An dem einfachen und genialen Prinzip hat sich nichts geändert: Einzelne Kärtchen mit unterschiedlichen Landschaftsformen (See, Fluss, Wald, Wiese), die von Tierformen bevölkert sind, werden von den Spielern zu einem Ganzen zusammengelegt. Wer dabei geschickt und vorausschauend vorgeht, erhält die meisten Punkte und gewinnt. „Die Jäger und Sammler" spielt zu den Anfängen der Menschheit, die Aufgaben bestehen also darin, Fischbestände in Flüssen und Seen zu sichern, Wälder aufzubauen und Wiesen mit großen Weidetierbeständen und wenigen Raubtieren zu „erlegen". Insgesamt gibt es mehr Möglichkeiten, Punkte zu bekommen, als in „Carcassonne".
Eine wirkliche Neuerung sind die Bonuskärtchen, die man nach dem Abschließen eines Waldes, in dem sich eine Goldmine befindet, erhält.
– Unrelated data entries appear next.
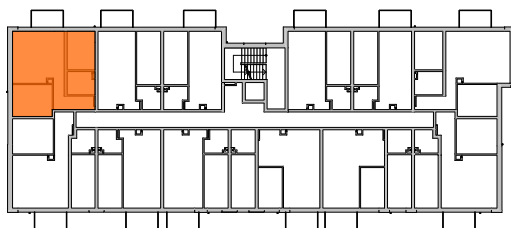

Koninko, ul. Radiowa

BLOK NR 1
MIESZKANIE M34 - II PIĘTRO

LOKALIZACJA BUDYNKU
NA OSIEDLU

LOKALIZACJA MIESZKANIA
W BUDYNKU

MIESZ- KANIE	NR POM.	NAZWA POM.	POW. PODŁOGI [m ²]
M28	M34-01	korytarz	5,87
	M34-02	pokój	10,68
	M34-03	pokój dzienny+aneks k.	22,33
	M34-04	pokój	9,09
	M34-05	łazienka	5,21
			53,18 m ²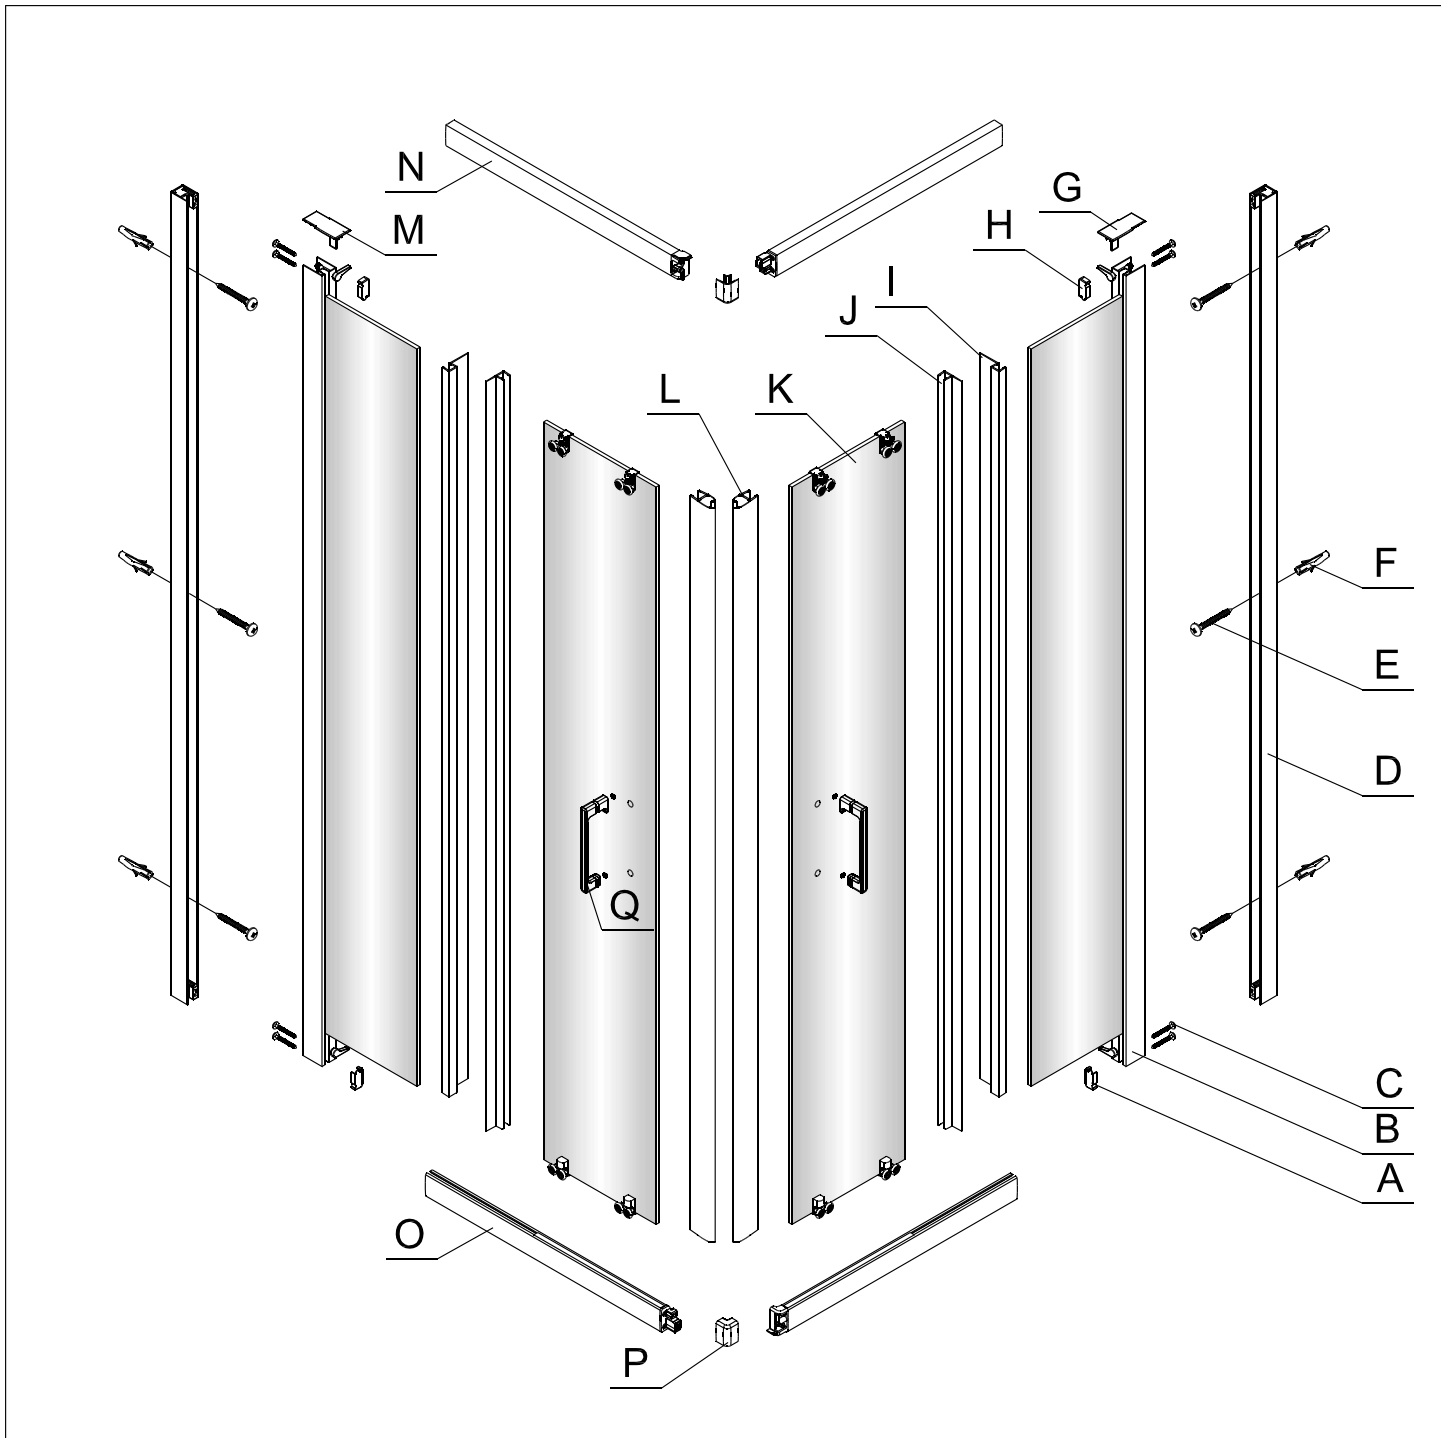

Instalační návod
Inštalacný návod
Mounting Instruction
Montageanleitung
Инструкция по установке

**SIKOTEXQ80,
SIKOTEXQ90, SIKOTEXQ100**

A 2X 	B 2X 	C 8X ST4X30 	D 2X 	E 6X ST4X40 	F 6X 	G 1X 	H 2X 	I 2X 	J 2X 	
K 2X 	L 1set 	M 1X 	N 2X 	O 2X 	P 2X 	Q 2X 				

1

Poznámka: Vnitřní strana koutu
- Easy Clean

2

3

4

5

6

Poznámka: Vnitřní strana koutu
- Easy Clean

Zprvė stlačit pojistku nahoru
a poté otočit dovnitř o 90°

7

8

9

Diese sind normalerweise nützlicher als die gewöhnlichen und, da ihre Anzahl begrenzt ist, heiß umkämpft.
Ebenfalls hinzu gekommen sind die Fischerhütten, mit denen sich der Spieler ganze Flusssysteme aneignen kann und die erst in der Endwertung Punkte abwerfen.
Schon allein diese Zusätze heben das Spiel deutlich von seinem Vorgänger ab. Wer den jedoch bereits besitzt, ist nicht zwingend auf „Die Jäger und Sammler" angewiesen, denn es hat sich nichts Weltbewegendes getan. Alle anderen sollten spätestens jetzt einen Blick wagen: Zum Beispiel ist das Spiel auch zu zweit spielbar und macht auch dann viel Spaß, die Dauer einer Partie liegt bei höchstens einer Stunde und die Regeln sind leicht verständlich, was meistens auch für die Anleitung gilt, die einen Großteil der aufkommenden Fragen beantworten kann.
Die Spielsteine bestehen aus Holz, die Kärtchen (mit netten Grafiken) und der Spielpunktzähler aus fester Pappe. Dieses wenige Material hat eine gute Haltbarkeit.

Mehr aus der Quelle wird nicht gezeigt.